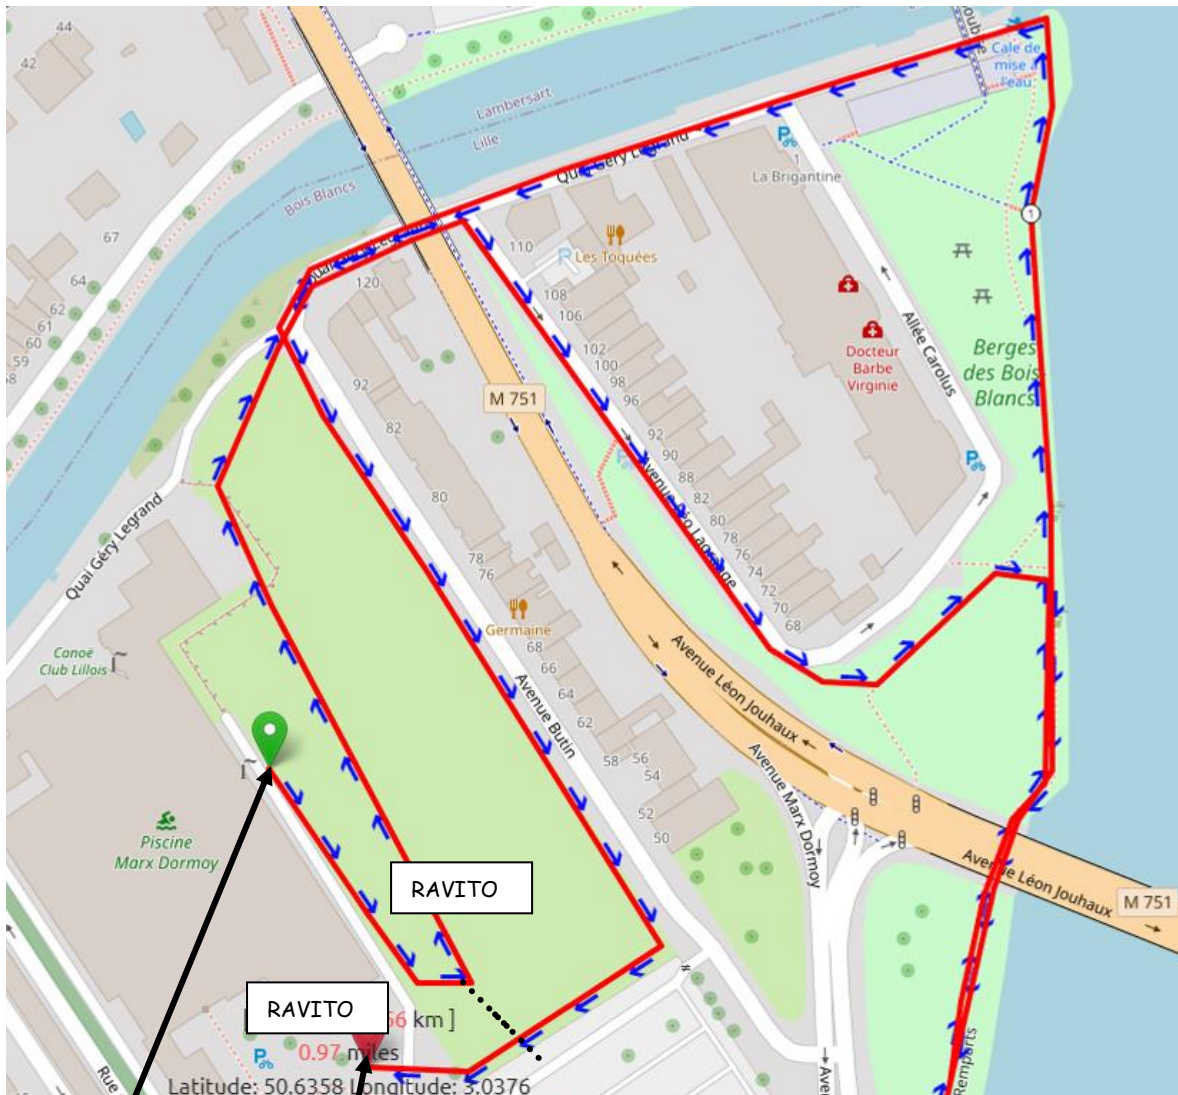

PARCOURS 2022

Début du parcours identique pour toutes les courses sauf 6-9ans

DEPART

ARCHE d'arrivée

.....Passage pour la seconde boucle

Parcours M : 10h

10 000 mètres - 2 boucles de 5km
Ravitaillement à la sortie de la piscine, 5km et à l'arrivée

Parcours 6-9 ans : 14h-14h15

500 mètres - 1 boucle
Ravitaillement à la sortie de la piscine et à l'arrivée

Parcours 10-11 ans : 14h15 - 14h45

1 500 mètres - 1 boucle
Ravitaillement à la sortie de la piscine et à l'arrivée

Parcours XS : 15h15

2 500 mètres - 1 boucle
Ravitaillement à la sortie de la piscine et à l'arrivée

Parcours S : 16h00

5 000 mètres - 1 boucle
Ravitaillement à la sortie de la piscine et à l'arrivée
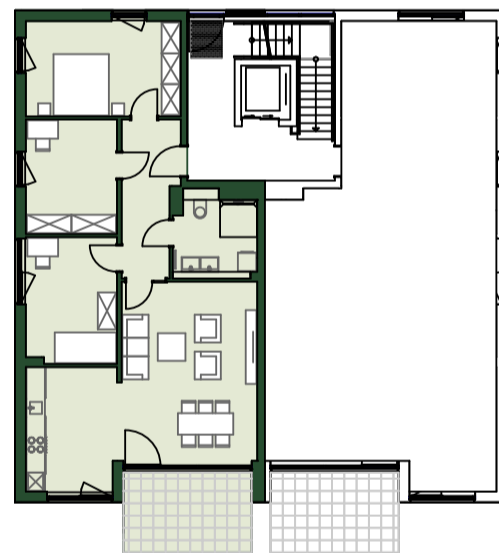

Erdgeschoss

Wohnfläche Räume		
04.27		
04.27.01	Diele	8.86 m ²
04.27.02	Schlafen	15.96 m ²
04.27.03	Büro	11.21 m ²
04.27.04	Zimmer	12.42 m ²
04.27.05	Küche	12.19 m ²
04.27.06	Wohnen	26.70 m ²
04.27.07	Bad / WC	7.25 m ²
04.27.08	Terrasse 10.85 m ² / 50%	5.43 m ²
		100.03 m²
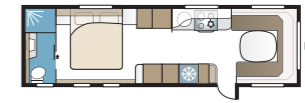

Imperial Hacienda 880 TDL

Vakiokokoonpanossa on neljä tai viisi kiinteää makuupaikkaa. Valitse neljästä eri sänkyvaihtoehdosta: parisänky, poikittainen parisänky, pitkittäisvuoteet tai lastenkamari.

TEKNISET TIEDOT	
Kokonaispituus	1040 cm
Kokonaiskorkeus	278 cm
Kokonaisleveys KS	250 cm
Korin pituus	915 cm
Sisäpituus	820 cm
Sisäkorkeus	196 cm
Sisäleveys KS	235 cm
Asuinpinta-ala KS	19,3 m²
Makuutila KS – Edessä	225 x 184/169 cm
Takana E2	2 x 196 x 88 cm
E5	196 x 140/118 cm
E8	199 x 156/118 cm
E9	196 x 140 + 2 x 196 x 60 cm
Dinette keskellä	191 x 88 cm
Renkaat	195/70 R15C

Imperial Hacienda 880 TDL FK

Malli niille, jotka priorisoivat ruoanlaittoa ja haluavat ison keittiön. Tässä mallissa keittiö on sijoitettu vaunun etuosaan, koko leveydelle. Siinä on ylellinen induktio-oliesi, kaasu-uuni, mikroaaltouuni sekä panoraamaikkuna. 880 TDL FK mallissa on runsaasti tilaa!

TEKNISET TIEDOT	
Kokonaispituus	1040 cm
Kokonaiskorkeus	278 cm
Kokonaisleveys KS	250 cm
Korin pituus	915 cm
Sisäpituus	820 cm
Sisäkorkeus	196 cm
Sisäleveys KS	235 cm
Asuinpinta-ala KS	19,3 m²
Makuutila KS – Keskellä	211 x 117 cm
Takana E2	2 x 196 x 88 cm
E5	196 x 140/118 cm
E8	199 x 156/118 cm
E9	196 x 140 + 2 x 196 x 60 cm
Renkaat	195/70 R15C

Imperial Hacienda 880 B TDL

Vakiokokoonpanossa on neljä tai viisi kiinteää makuupaikkaa. Sijattavalla eturyhmällä, keski-dinettelä ja kaappivuoteella vaunuun saa nopeasti nukkumatilat jopa yhdeksälle!

TEKNISET TIEDOT	
Kokonaispituus	1040 cm
Kokonaiskorkeus	278 cm
Kokonaisleveys KS	250 cm
Korin pituus	915 cm
Sisäpituus	820 cm
Sisäkorkeus	196 cm
Sisäleveys KS	235 cm
Asuinpinta-ala KS	19,3 m²
Makuutila KS – Edessä	225 x 161/136 cm
Takana	196 x 140 cm
Dinette keskellä	191 x 88 cm
Kerrosvuoteet	2 x 196 x 68 cm
Renkaat	195/70 R15C

Imperial Hacienda 880 D TDL
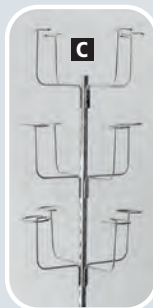

- A STANDPLATTE 30 x 35 cm**
mit seitlicher Bohrung und **mit Standrohr**
Höhe: 180 cm, zweiseitig geschlitzt, verchromt
Art. Nr. 2145200 statt € 88,- 1 Stk. € **66,-**
- B STANDPLATTE 30 x 60 cm**
mit mittlerer Bohrung und **mit Standrohr**
Höhe: 180 cm, zweiseitig geschlitzt, verchromt
Art. Nr. 2145201 statt € 104,- 1 Stk. € **82,-**
- C GERADE SCHUHABLAGE**
verchromt, Größe 25 x 12 cm
Art. Nr. 2145209 statt € 23,- 1 Stk. € **15,-**
- D GERADE ABLAGE**
verchromt, Größe 30 x 30 cm
Art. Nr. 2145208 statt € 33,- 1 Stk. € **23,-**
- E BÜSTENHALTERUNG**
verchromt,
Distanz: 12 cm
Geeignet für alle Büsten
Art. Nr. 20450... und 20451...
auf Seite 20
Art. Nr. 2145203 statt € 14,- 1 Stk. € **10,-**
- F UHRENHALTER FÜR HERRENUHREN**
Höhe 88 mm, Material Acrylglas,
schwenkbar
Art. Nr. 2023600 1 Stk. € **3,90**
- G PROSPEKTSTÄNDER FLY**
inkl. 4 Etagen DIN A4
Fülltiefe: 50 mm, Gesamthöhe: 141 cm
Farbe: eloxalsilber/frostweiß
Etagen einzeln einhängbar
Art. Nr. 6121600 1 Stk. € **99,-**
- H TEXTILSTÄNDER BOGENFORM, verchromt**
Länge: 115 cm, Höhe: 150 cm, Fußbreite: 58 cm,
Art. Nr. 2002300 statt € 179,- 1 Stk. € **149,-**
- I TEXTILSTÄNDER GERADE, verchromt**
Länge: 115 cm, Höhe: 150 cm, Fußbreite: 58 cm,
Art. Nr. 2002200 statt € 169,- 1 Stk. € **139,-**

CLEVER SHOPPEN

bis zu 30 %

Greifen Sie zu ...
sonst ist es zu spät!

ABVERKAUF!

ALLER PRODUKTE DIESER SEITE!

A

B

C

Anwendungs-
beispiel
Erweiterungsset

D

E

F

G

**AUCH IN WEISS
ERHÄLTlich!
Farbe bitte angeben!**

A TASCHEN-/GÜRTELSTÄNDER

verchromt, 1 Ring Ø 62 cm mit 6 T-Haken
Höhe vom 121 – 220 cm regulierbar
5-Fuß-Gestell Ø 70 cm
Rollen Ø 50 mm, davon 2 gebremst
Art. Nr. 2010300 1 Stk. statt 199,- nur € **155,-**
******
Hand over the entries again, exactly as written and without the pictures.

PARCOURS 2022

Début du parcours identique pour toutes les courses sauf 6-9ans

DEPART

ARCHE d'arrivée

.....Passage pour la seconde boucle

Parcours M : 10h

10 000 mètres - 2 boucles de 5km
Ravitaillement à la sortie de la piscine, 5km et à l'arrivée

Parcours 6-9 ans : 14h-14h15

500 mètres - 1 boucle
Ravitaillement à la sortie de la piscine et à l'arrivée

Parcours 10-11 ans : 14h15 - 14h45

1 500 mètres - 1 boucle
Ravitaillement à la sortie de la piscine et à l'arrivée

Parcours XS : 15h15

2 500 mètres - 1 boucle
Ravitaillement à la sortie de la piscine et à l'arrivée

Parcours S : 16h00

5 000 mètres - 1 boucle
Ravitaillement à la sortie de la piscine et à l'arrivée

Erdgeschoss

Wohnfläche Räume		
04.27		
04.27.01	Diele	8.86 m ²
04.27.02	Schlafen	15.96 m ²
04.27.03	Büro	11.21 m ²
04.27.04	Zimmer	12.42 m ²
04.27.05	Küche	12.19 m ²
04.27.06	Wohnen	26.70 m ²
04.27.07	Bad / WC	7.25 m ²
04.27.08	Terrasse 10.85 m ² / 50%	5.43 m ²
		100.03 m²

Imperial Hacienda 880 TDL

Vakiokokoonpanossa on neljä tai viisi kiinteää makuupaikkaa. Valitse neljästä eri sänkyvaihtoehdosta: parisänky, poikittainen parisänky, pitkittäisvuoteet tai lastenkamari.

TEKNISET TIEDOT	
Kokonaispituus	1040 cm
Kokonaiskorkeus	278 cm
Kokonaisleveys KS	250 cm
Korin pituus	915 cm
Sisäpituus	820 cm
Sisäkorkeus	196 cm
Sisäleveys KS	235 cm
Asuinpinta-ala KS	19,3 m²
Makuutila KS – Edessä	225 x 184/169 cm
Takana E2	2 x 196 x 88 cm
E5	196 x 140/118 cm
E8	199 x 156/118 cm
E9	196 x 140 + 2 x 196 x 60 cm
Dinette keskellä	191 x 88 cm
Renkaat	195/70 R15C

Imperial Hacienda 880 TDL FK

Malli niille, jotka priorisoivat ruoanlaittoa ja haluavat ison keittiön. Tässä mallissa keittiö on sijoitettu vaunun etuosaan, koko leveydelle. Siinä on ylellinen induktio-oliesi, kaasu-uuni, mikroaaltouuni sekä panoraamaikkuna. 880 TDL FK mallissa on runsaasti tilaa!

TEKNISET TIEDOT	
Kokonaispituus	1040 cm
Kokonaiskorkeus	278 cm
Kokonaisleveys KS	250 cm
Korin pituus	915 cm
Sisäpituus	820 cm
Sisäkorkeus	196 cm
Sisäleveys KS	235 cm
Asuinpinta-ala KS	19,3 m²
Makuutila KS – Keskellä	211 x 117 cm
Takana E2	2 x 196 x 88 cm
E5	196 x 140/118 cm
E8	199 x 156/118 cm
E9	196 x 140 + 2 x 196 x 60 cm
Renkaat	195/70 R15C

Imperial Hacienda 880 B TDL

Vakiokokoonpanossa on neljä tai viisi kiinteää makuupaikkaa. Sijattavalla eturyhmällä, keski-dinettelä ja kaappivuoteella vaunuun saa nopeasti nukkumatilat jopa yhdeksälle!

TEKNISET TIEDOT	
Kokonaispituus	1040 cm
Kokonaiskorkeus	278 cm
Kokonaisleveys KS	250 cm
Korin pituus	915 cm
Sisäpituus	820 cm
Sisäkorkeus	196 cm
Sisäleveys KS	235 cm
Asuinpinta-ala KS	19,3 m²
Makuutila KS – Edessä	225 x 161/136 cm
Takana	196 x 140 cm
Dinette keskellä	191 x 88 cm
Kerrosvuoteet	2 x 196 x 68 cm
Renkaat	195/70 R15C

Imperial Hacienda 880 D TDL

- A STANDPLATTE 30 x 35 cm**
mit seitlicher Bohrung und **mit Standrohr**
Höhe: 180 cm, zweiseitig geschlitzt, verchromt
Art. Nr. 2145200 statt € 88,- 1 Stk. € **66,-**
- B STANDPLATTE 30 x 60 cm**
mit mittlerer Bohrung und **mit Standrohr**
Höhe: 180 cm, zweiseitig geschlitzt, verchromt
Art. Nr. 2145201 statt € 104,- 1 Stk. € **82,-**
- C GERADE SCHUHABLAGE**
verchromt, Größe 25 x 12 cm
Art. Nr. 2145209 statt € 23,- 1 Stk. € **15,-**
- D GERADE ABLAGE**
verchromt, Größe 30 x 30 cm
Art. Nr. 2145208 statt € 33,- 1 Stk. € **23,-**
- E BÜSTENHALTERUNG**
verchromt,
Distanz: 12 cm
Geeignet für alle Büsten
Art. Nr. 20450... und 20451...
auf Seite 20
Art. Nr. 2145203 statt € 14,- 1 Stk. € **10,-**
- F UHRENHALTER FÜR HERRENUHREN**
Höhe 88 mm, Material Acrylglas,
schwenkbar
Art. Nr. 2023600 1 Stk. € **3,90**
- G PROSPEKTSTÄNDER FLY**
inkl. 4 Etagen DIN A4
Fülltiefe: 50 mm, Gesamthöhe: 141 cm
Farbe: eloxalsilber/frostweiß
Etagen einzeln einhängbar
Art. Nr. 6121600 1 Stk. € **99,-**
- H TEXTILSTÄNDER BOGENFORM, verchromt**
Länge: 115 cm, Höhe: 150 cm, Fußbreite: 58 cm,
Art. Nr. 2002300 statt € 179,- 1 Stk. € **149,-**
- I TEXTILSTÄNDER GERADE, verchromt**
Länge: 115 cm, Höhe: 150 cm, Fußbreite: 58 cm,
Art. Nr. 2002200 statt € 169,- 1 Stk. € **139,-**

CLEVER SHOPPEN

bis zu 30 %

Greifen Sie zu ...
sonst ist es zu spät!

ABVERKAUF!

ALLER PRODUKTE DIESER SEITE!

A

B

C

Anwendungs-
beispiel
Erweiterungsset

D

E

F

G

**AUCH IN WEISS
ERHÄLTlich!
Farbe bitte angeben!**

A TASCHEN-/GÜRTELSTÄNDER

verchromt, 1 Ring Ø 62 cm mit 6 T-Haken
Höhe vom 121 – 220 cm regulierbar
5-Fuß-Gestell Ø 70 cm
Rollen Ø 50 mm, davon 2 gebremst
Art. Nr. 2010300 1 Stk. statt 199,- nur € **155,-**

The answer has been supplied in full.